What these writers don’t realize is before they can strike off in their own direction as a master of the craft, they actually have to MASTER THE CRAFT.

Basically, you have to know the rules of writing before you can break them.

The article got me thinking about how I learned the rules of writing, and I realized how I learned is probably different from how most other writers learned. My author friends, family…basically anyone who knows me personally will tell you I’m a stickler when it comes to clean writing. That means I like it when grammar rules are followed. My mom gave me this sign for my birthday one year. I display it proudly in my dining room.

grammar

Everyone who sees it says this: That is so you.

I saw a picture frame in Hobby Lobby once that said “Grandma’s Are The Best” or something – I don’t remember what it really said, because I was stuck on the unnecessary apostrophe. I mean, how many eyes did that thing pass before it hit the shelf? Come on.

Anyway, the point is I know the rules, and I learned them because I taught them.

I taught in second- and third-grade classrooms for ten years before I transitioned to a reading/writing interventionist position for three years. During my time as a classroom teacher, my room was a “pilot class” for a new writing curriculum that I thought was effective at teaching the kids how to write coherently. I had third graders writing gorgeous paragraphs in a variety of genres. But the curriculum was ultimately dumped because while it taught the kids to write, it didn’t teach them how to pass standardized state tests. That’s a different post for a different day.

I mention that curriculum because much of what I learned about the basics of writing came from that. Yes, it was designed for elementary-aged students.
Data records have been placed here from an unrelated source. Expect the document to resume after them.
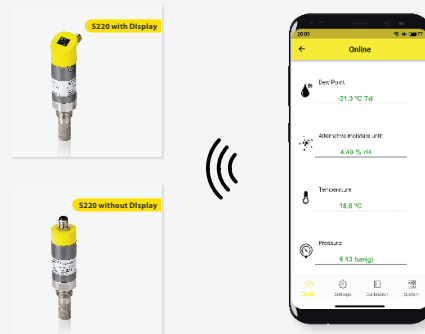

S4C

Smartphone Apps

FREE SMARTPHONE APPS
For remote Configuration

ONLINE READING
Live measurement data

EASY TO USE
User-friendly design

WIRELESS CONNECTION
Connection to devices in hard-to-reach places

Benefits

- ✔ Wireless connection to SUTO iTEC field instruments
- ✔ On-site configuration without the need for a PC; everything is controlled from your smartphone
- ✔ Protection from third party access through QR code protected settings
- ✔ Real-time data readings and sensor settings
- ✔ User-friendly design with intuitive workflows
- ✔ No registration or subscription required
- ✔ Online configuration, guided setup and customer calibration capabilities

S4C-FS App for SUTO Flow and Consumption Meters

- Connect wirelessly to SUTO flow and consumption sensors
- Download for Android® and iOS® smartphones
- Live data in the palm of your hands
- On-site configuration and settings
- Fast commissioning of field devices
- User calibrations
- Data logger settings and operations

S4C-DP App for SUTO Dew Point Meters

- Connect wirelessly* to SUTO dew point sensors
 - Download for Android® and iOS® smartphones
 - Live sensor readings on your smartphone
 - On-site configuration and settings
 - Fast commissioning of field devices
 - User calibrations and adjustments
- *needs the optional Wireless-DP-Adapter

But it’s been a while since most of us were that age, and good writing skills fall into the “If you don’t use it, you lose it” category. The items I’m about to mention are things I see often in my critique group and every single freaking day in social media. My eyelids twitch, but that might be an unrelated matter.
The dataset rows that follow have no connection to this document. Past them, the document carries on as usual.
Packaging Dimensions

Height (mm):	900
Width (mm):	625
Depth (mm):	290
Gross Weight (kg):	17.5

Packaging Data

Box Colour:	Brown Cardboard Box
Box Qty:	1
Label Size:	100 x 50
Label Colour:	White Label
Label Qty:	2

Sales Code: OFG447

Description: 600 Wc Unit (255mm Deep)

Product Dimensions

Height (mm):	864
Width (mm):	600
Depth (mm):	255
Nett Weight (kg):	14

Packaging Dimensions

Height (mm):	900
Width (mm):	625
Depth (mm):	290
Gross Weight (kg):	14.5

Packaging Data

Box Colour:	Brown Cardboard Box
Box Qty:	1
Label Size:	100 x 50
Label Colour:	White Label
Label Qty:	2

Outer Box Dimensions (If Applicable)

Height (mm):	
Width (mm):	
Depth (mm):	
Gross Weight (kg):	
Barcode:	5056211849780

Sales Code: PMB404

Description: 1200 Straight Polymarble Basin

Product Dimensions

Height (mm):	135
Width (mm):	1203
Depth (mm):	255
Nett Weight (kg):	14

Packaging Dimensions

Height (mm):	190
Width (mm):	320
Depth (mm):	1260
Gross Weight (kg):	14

From teaching, I learned (among other things):

  • The differences between simple, compound, complex, and compound/complex sentences and how to write them.
  • Where to put a comma in a compound predicate (plot twist: you don’t put a comma in a compound predicate).
  • What a comma splice is and how to fix it.
  • How to use new paragraphs to discuss new ideas.
  • The importance of sentence fluency.
  • What a fragment is and how to fix it.

teach to learnThese items are ingrained into my head because I taught them. Instead of spending time figuring out where the comma goes, I can work on story elements like developing characters and making sure there aren’t plot holes.

What does this mean for you? I know most of us didn’t teach writing as a career, but that doesn’t mean there aren’t outlets to impart our knowledge. My fellow writers in the critique group teach me something every time I post a chapter, and I pass along what I know in my comments for their chapters. My favorite comments in my chapters say something to the effect of, “I just learned on such and such website that this is the correct way to use an ellipse.” I know that in teaching me that skill they learned, they are more likely to remember it forever and not have a bad habit creep into their work.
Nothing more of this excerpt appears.